И распространяется это, разумеется, не только на венский шницель. Специальные венские мясные блюда, такие как «тафельшлиц» (огузок с хреном), «хифер-шерцель» или толстый огузок, — часть языка, на котором в Вене говорит каждый. Кому же понадобится лезть в словарь Гримма или выходить из себя из-за изощренного буквоедства, присущего справочнику Дудена?
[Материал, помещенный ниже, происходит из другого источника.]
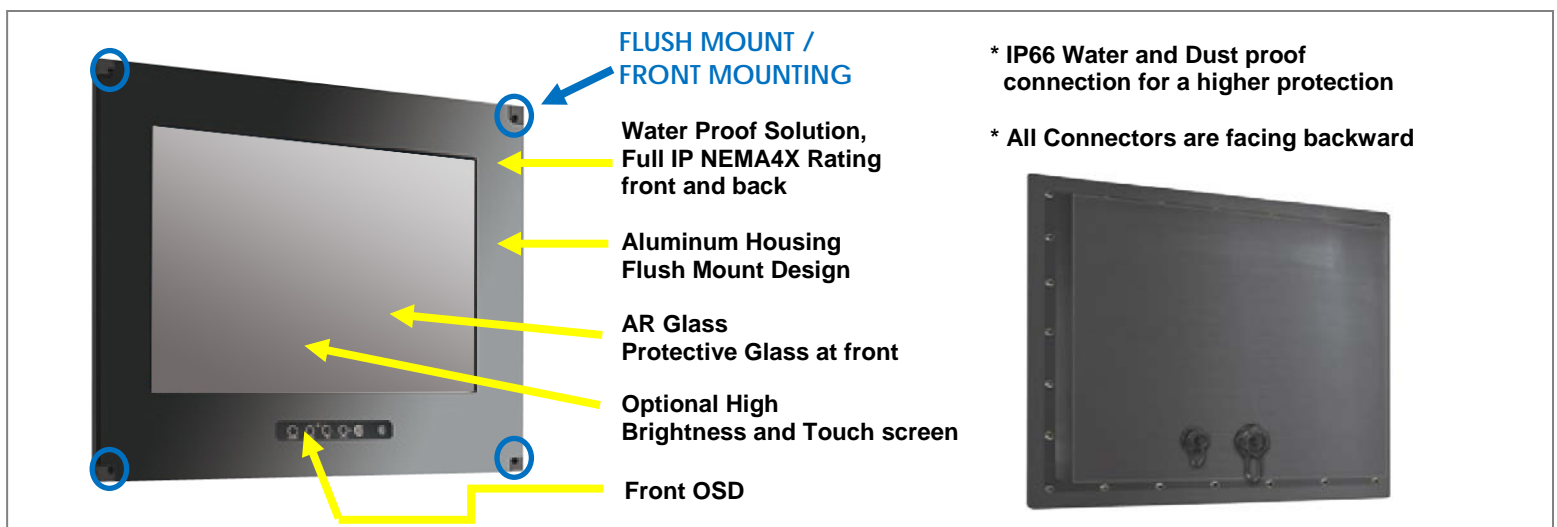

# Full IP66 Flush Mount Dust and Waterproof LCD

IP66 Flush Mount (OSD front) 17.3" Wide LCD monitor, 1920 x 1080, LED 200 nits, VGA input with Projective Capacitive Touch (1-2mm) USB Controller  
(Model: EFPMF6-W1730-PCT)

## Rugged Completely Sealed IP66/NEMA4X Flush Mount LCD Monitor

## Specification:

<b>Panel</b>	Cell Type / Glass Surface	TFT LCD / Black Anti-Glare, low reflection coating	
	Aspect Ratio / Size	Wide / 17.3" viewable diagonal area	
	Active Area / Pixel Pitch	381.888(H) x 214.812(V) mm / 0.1989(H) x 0.1989(V) mm	
	Native Resolution / Colors	1920(H) x 1080(V) / 262 K	
	Brightness / Contrast	200 cd/m <sup>2</sup> (typ) / 400 : 1	
	Response Time	≤ 16 ms	
	Viewing Angle (typical)	H. 90o (- 45o ~ + 45o) , V. 50o(- 30o ~ + 20o)	
	Light Source	LED backlight, Long life, 35,000 hrs (typ)	
<b>Input Sources</b>	PC System	Signal	Analog RGB (0.7/1.0 V <sub>p-p</sub> , 75 ohms)
		Sync	Separate Sync, Composite Sync, Sync On Green
		Frequency	F <sub>h</sub> : 30 - 82Khz , F <sub>v</sub> : 50 -75Hz
	Audio System	N/A	
<b>Input Terminals</b>	1 x VGA (15 Pin Female D-Sub) , 1 x PC Audio (Stereo Headphone Jack) , 1 x DC Power Plug		
<b>Convenient Features</b>	Auto Calibration , Back Light Adjustment , Plug&Play (VESA DDC/CI, DDC 2B)		
	OSD Multi-Languages , Wall Mount Ready (VESA 75 x 75 mm)		
<b>Power</b>	External AC-to-12VDC power adapter with universal / Auto-Sensing, AC 90 to 260V, 50 / 60 Hz		
<b>Power Consumption</b>	Operation / Power Saving	22 watt , < 2 watt (Support DPMS)	
<b>Operating Condition</b>	Temperature / Humidity	0°C ~ 50°C (32°F ~ 122°F) , 10% ~ 90% (no condensation)	
<b>Storage Condition</b>	Temperature / Humidity	- 20°C ~ 60°C (- 4°F ~ 140°F) , 10% ~ 90% (no condensation)	
<b>Certification</b>	FCC , CE		
<b>Dimensions</b>	Physical	W x H x D = 497.8 x 354.1 x 68 mm	
	Carton	W x H x D = TBD	
<b>Weight</b>	N.W. / G.W.	4.5 Kgs / 5.5 Kgs	
<b>Container Loaded</b>	20ft / 40ft / 40ft HQ	TBD (Sets , By pallet)

В венской поваренной книге домохозяйки Анны Хофбауэр, выпущенной в 1825 году Мёршнером и Яспером на Кольмаркте, дом № 25, уже во вступлении к главе «О говядине» хорошо протушенная грамматика языка «тафельшпиц» описана столь совершенно, что всякий, кто знает в таких делах толк, может лишь подивиться, почему это верховный главнокомандующий, его апостольское величество, не приказал, не сходя с места, выбросить на свалку чудовищную «Табель о языке», административный немецкий язык от Бога и императора, и не ввел высочайшим указом язык огузка, понятный всем от Будвейса до Триеста, от Черновиц до Блуденца, от Эннса и Марха до самого Прута.
ЧУЖИЕ УГЛЫ
I. КОМНАТА
Строго говоря, комнатой становится для эмигранта железнодорожное купе, здесь-то все и разыгрывается;
Скажем: плаванье по просторам Сарматского моря и моментальные снимки в фотоальбоме, которого на самом деле не существует!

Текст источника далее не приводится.